* [WHAT TO PRODUCE]: Drop every picture. Return the rest of the entries exactly.

* [DATA TO EXAMINE]:
════
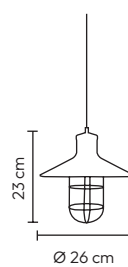

**VINTAGE**

REF. 801-141756BK

220V/50Hz  
 1 x G9 (n/incl.) IP20  
 Vidro - Glass  
 Preto e Dourado  
 - Negro y Dorado  
 - Black and Gold

**VINTAGE**

REF. 6600-B

220V/50Hz  
 1 x E27 (n/incl.) IP20  
 Alumínio - Aluminium  
 Preto e Dourado  
 - Negro y Dorado  
 - Black and Gold
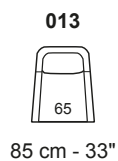

Not modular versions | Versioni non componibili

- Height feet standard | Altezza piede standard = 10 cm - 4"

Foto pag. 142

ANTIGONE COD. 013
PELLE: ART.VELOUR COL.3547 TERRACOTTA CAT. SENATOR
PIEDI: NOCE (COD. 03)
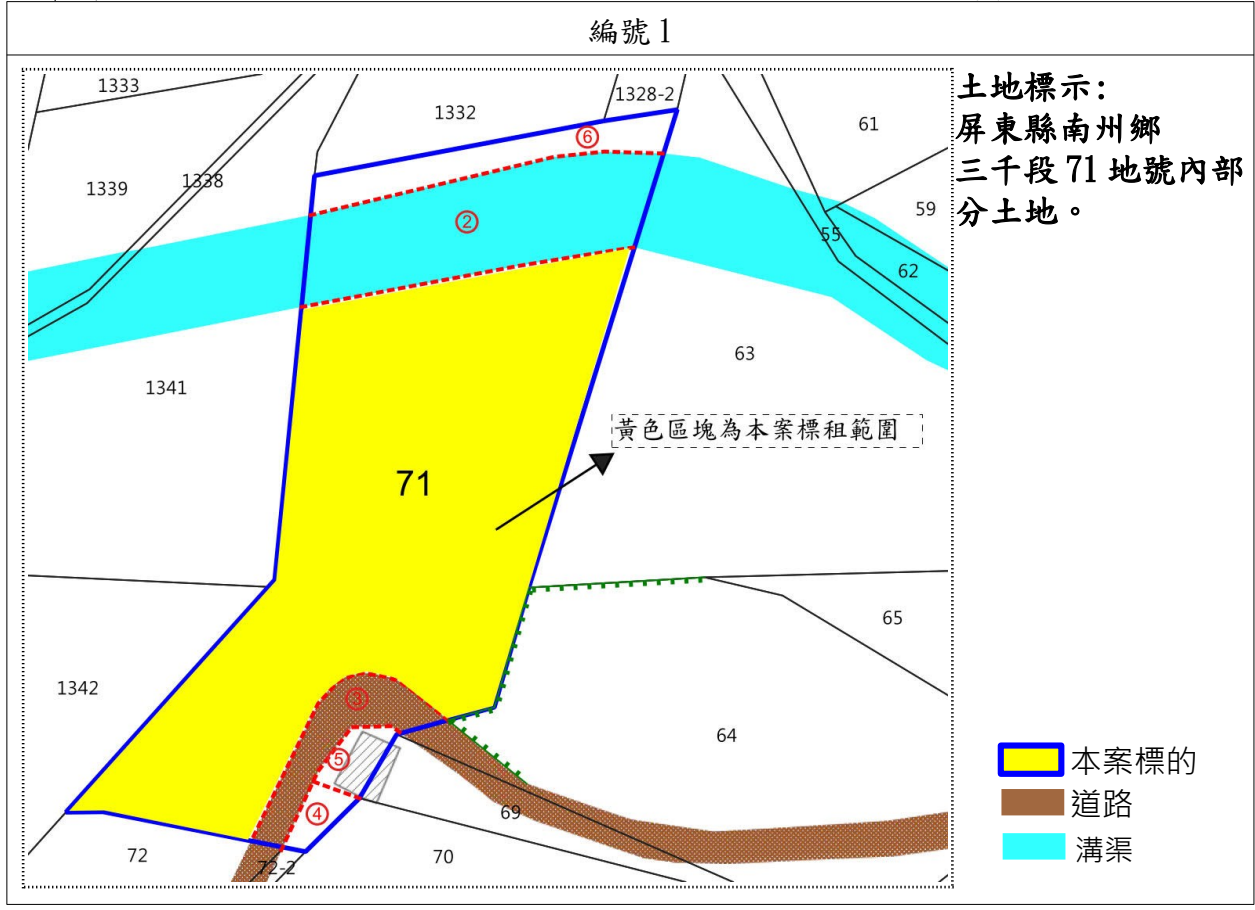

國有非公用土地設置太陽光電發電設備標租案

租賃標的位置圖

◎位置略圖僅供參考，有關地籍資料，請自行向地政機關查閱。
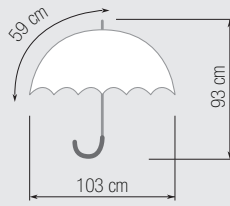

APOLLO

86392

Handle: Rubber

Material: 190T Pongee

Frame: Metal

ZED

MOD

RDD

RJD
════
* [TASK OUTPUT]:
**VINTAGE**

REF. 801-141756BK

220V/50Hz  
 1 x G9 (n/incl.) IP20  
 Vidro - Glass  
 Preto e Dourado  
 - Negro y Dorado  
 - Black and Gold

**VINTAGE**

REF. 6600-B

220V/50Hz  
 1 x E27 (n/incl.) IP20  
 Alumínio - Aluminium  
 Preto e Dourado  
 - Negro y Dorado  
 - Black and Gold

Not modular versions | Versioni non componibili

- Height feet standard | Altezza piede standard = 10 cm - 4"

Foto pag. 142

ANTIGONE COD. 013
PELLE: ART.VELOUR COL.3547 TERRACOTTA CAT. SENATOR
PIEDI: NOCE (COD. 03)

國有非公用土地設置太陽光電發電設備標租案

租賃標的位置圖

◎位置略圖僅供參考，有關地籍資料，請自行向地政機關查閱。

APOLLO

86392

Handle: Rubber

Material: 190T Pongee

Frame: Metal

ZED

MOD

RDD

RJD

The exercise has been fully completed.